→ Supplied information:
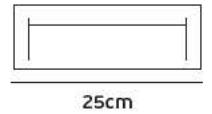

VK/02108

Product Models

Code	Model	Box
75169-336694	VK/02108/AN/W ■ Anthracite. 3000K. 190lm. 8.5w. PHILIPS led. 42°. CRI>82	12pcs
75169-337694	VK/02108/W/W □ White. 3000K. 190lm. 8.5w. PHILIPS led. 42°. CRI>82	12pcs

Details

AC Driver 100-240V (Included). Watt 8.5w. Beam Angle 42°. CRI>82. Type of Led SMD 3014/ PHILIPS. Lifetime 30.000hrs. No Dimmable. Material Aluminium. 2 years guarantee.

IP65. 8.5w.

Cut hole

8.7
cm
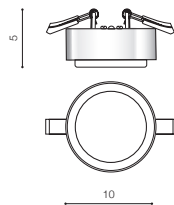

LED 7W 550lm 3000K

LED

IP44

technical specification

installation place inlet opening 4,5cm

beam angle: 120°

COLOUR / NEW INDEX NO.

- CHROME (CH) **AZ4391**
- BLACK (BK) **AZ4389**
- GOLD (GO) **AZ4390**
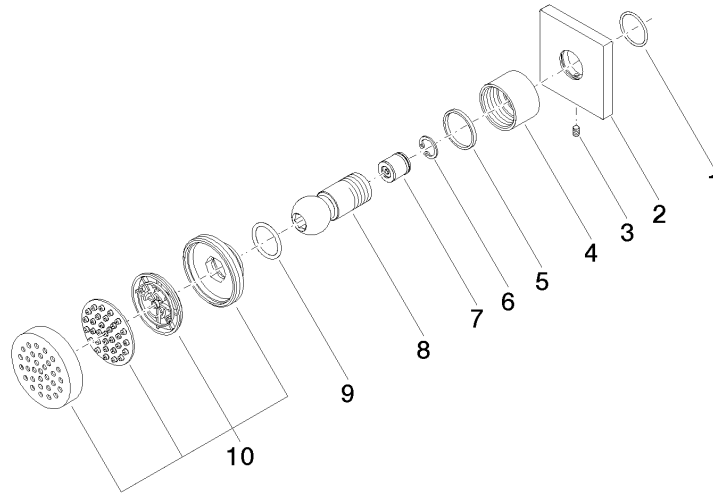

**Body spray without volume control FlowReduce - Brushed Durabron (23kt Gold)**

IMO

28 518 782

- spray head Ø 55mm
- ball-joint pivotable through 25° (in any direction)
- rain flow
- anti-scale system
- rosette 60 x 60 mm
- 1/2" connection
- max. flow 5 l/min
- WRAS 1809018
- This product can help a building meet the requirements of Green Building Rating Systems, e.g. LEED®, BREEAM®, DGNB

**Recommended miscellaneous**

- Concealed wall elbow -**
- max. recess depth 163 mm
  - min. recess depth 90 mm

35 085 970 90

28 518 782  
mm [inches]

Flow rate chart

Trajectory diagram

Certificates

WRAS\_1809018. LGA\_38651.

### Spare parts list

No.	Item Number	Name	Quantity used	Delivery time
1	09 14 10 098 90	seal	1	2
2	09 27 98 003-28	rosette	1	20
3	09 31 11 048 90	pin	1	2
4	09 23 30 026-28	nut	1	20
5	09 14 15 010 90	ring	1	2
6	09 16 01 014 90	ring	1	2
7	09 23 01 048 90	back-flow preventer	1	2
8	09 21 40 016-28	connection	1	20
9	09 14 10 015 90	seal	1	2
10	90 12 05 027 00-28	casing ( completely )	1	20
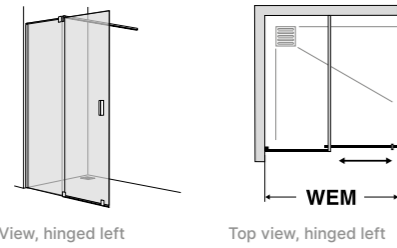

DUSCHOLUX

Collection 3C Sliding door

Walk-in, 2-panelled

View, hinged left

Top view, hinged left

Notes

Shower panel height: If not ordered otherwise, the Collection 3C will be delivered in standard height 2000 mm. Special height up to 2100 mm without surcharge.

Glass Partial Fine Satin 801: The glass will be coated vertically centred to an overall height of 900 mm. Special dimensions on request.

Made to measure

Special width up to	Special height up to	Order number hinged left	Order number hinged right	062 Platinum Silver Glossy 751 Clear with CareTec Pro
1200	2100	458.840001.1200	458.840002.1200	1.669,-
1400	2100	458.840001.1400	458.840002.1400	1.791,-
1800	2100	458.840001.1800	458.840002.1800	2.029,-

Special features

Glasses	Extra charge	Colours	Extra charge
794 Carbon with CareTec Pro	232,-	248 Black Matt	230,-
801 Partial Fine Satin with CareTec Pro	235,-	070 Silver Matt	0,-
816 Fine Satin with CareTec Pro	306,-

→ What this task involves:
Above are records with pictures; repeat the records exactly and leave the pictures out.

→ Answer area:
VK/02108

Product Models

Code	Model	Box
75169-336694	VK/02108/AN/W ■ Anthracite. 3000K. 190lm. 8.5w. PHILIPS led. 42°. CRI>82	12pcs
75169-337694	VK/02108/W/W □ White. 3000K. 190lm. 8.5w. PHILIPS led. 42°. CRI>82	12pcs

Details

AC Driver 100-240V (Included). Watt 8.5w. Beam Angle 42°. CRI>82. Type of Led SMD 3014/ PHILIPS. Lifetime 30.000hrs. No Dimmable. Material Aluminium. 2 years guarantee.

IP65. 8.5w.

Cut hole

8.7
cm

LED 7W 550lm 3000K

LED

IP44

technical specification

installation place inlet opening 4,5cm

beam angle: 120°

COLOUR / NEW INDEX NO.

- CHROME (CH) **AZ4391**
- BLACK (BK) **AZ4389**
- GOLD (GO) **AZ4390**

**Body spray without volume control FlowReduce - Brushed Durabron (23kt Gold)**

IMO

28 518 782

- spray head Ø 55mm
- ball-joint pivotable through 25° (in any direction)
- rain flow
- anti-scale system
- rosette 60 x 60 mm
- 1/2" connection
- max. flow 5 l/min
- WRAS 1809018
- This product can help a building meet the requirements of Green Building Rating Systems, e.g. LEED®, BREEAM®, DGNB

**Recommended miscellaneous**

- Concealed wall elbow -**
- max. recess depth 163 mm
  - min. recess depth 90 mm

35 085 970 90

28 518 782  
mm [inches]

Flow rate chart

Trajectory diagram

Certificates

WRAS\_1809018. LGA\_38651.

### Spare parts list

No.	Item Number	Name	Quantity used	Delivery time
1	09 14 10 098 90	seal	1	2
2	09 27 98 003-28	rosette	1	20
3	09 31 11 048 90	pin	1	2
4	09 23 30 026-28	nut	1	20
5	09 14 15 010 90	ring	1	2
6	09 16 01 014 90	ring	1	2
7	09 23 01 048 90	back-flow preventer	1	2
8	09 21 40 016-28	connection	1	20
9	09 14 10 015 90	seal	1	2
10	90 12 05 027 00-28	casing ( completely )	1	20

DUSCHOLUX

Collection 3C Sliding door

Walk-in, 2-panelled

View, hinged left

Top view, hinged left

Notes

Shower panel height: If not ordered otherwise, the Collection 3C will be delivered in standard height 2000 mm. Special height up to 2100 mm without surcharge.

Glass Partial Fine Satin 801: The glass will be coated vertically centred to an overall height of 900 mm. Special dimensions on request.

Made to measure

Special width up to	Special height up to	Order number hinged left	Order number hinged right	062 Platinum Silver Glossy 751 Clear with CareTec Pro
1200	2100	458.840001.1200	458.840002.1200	1.669,-
1400	2100	458.840001.1400	458.840002.1400	1.791,-
1800	2100	458.840001.1800	458.840002.1800	2.029,-

Special features

Glasses	Extra charge	Colours	Extra charge
794 Carbon with CareTec Pro	232,-	248 Black Matt	230,-
801 Partial Fine Satin with CareTec Pro	235,-	070 Silver Matt	0,-
816 Fine Satin with CareTec Pro	306,-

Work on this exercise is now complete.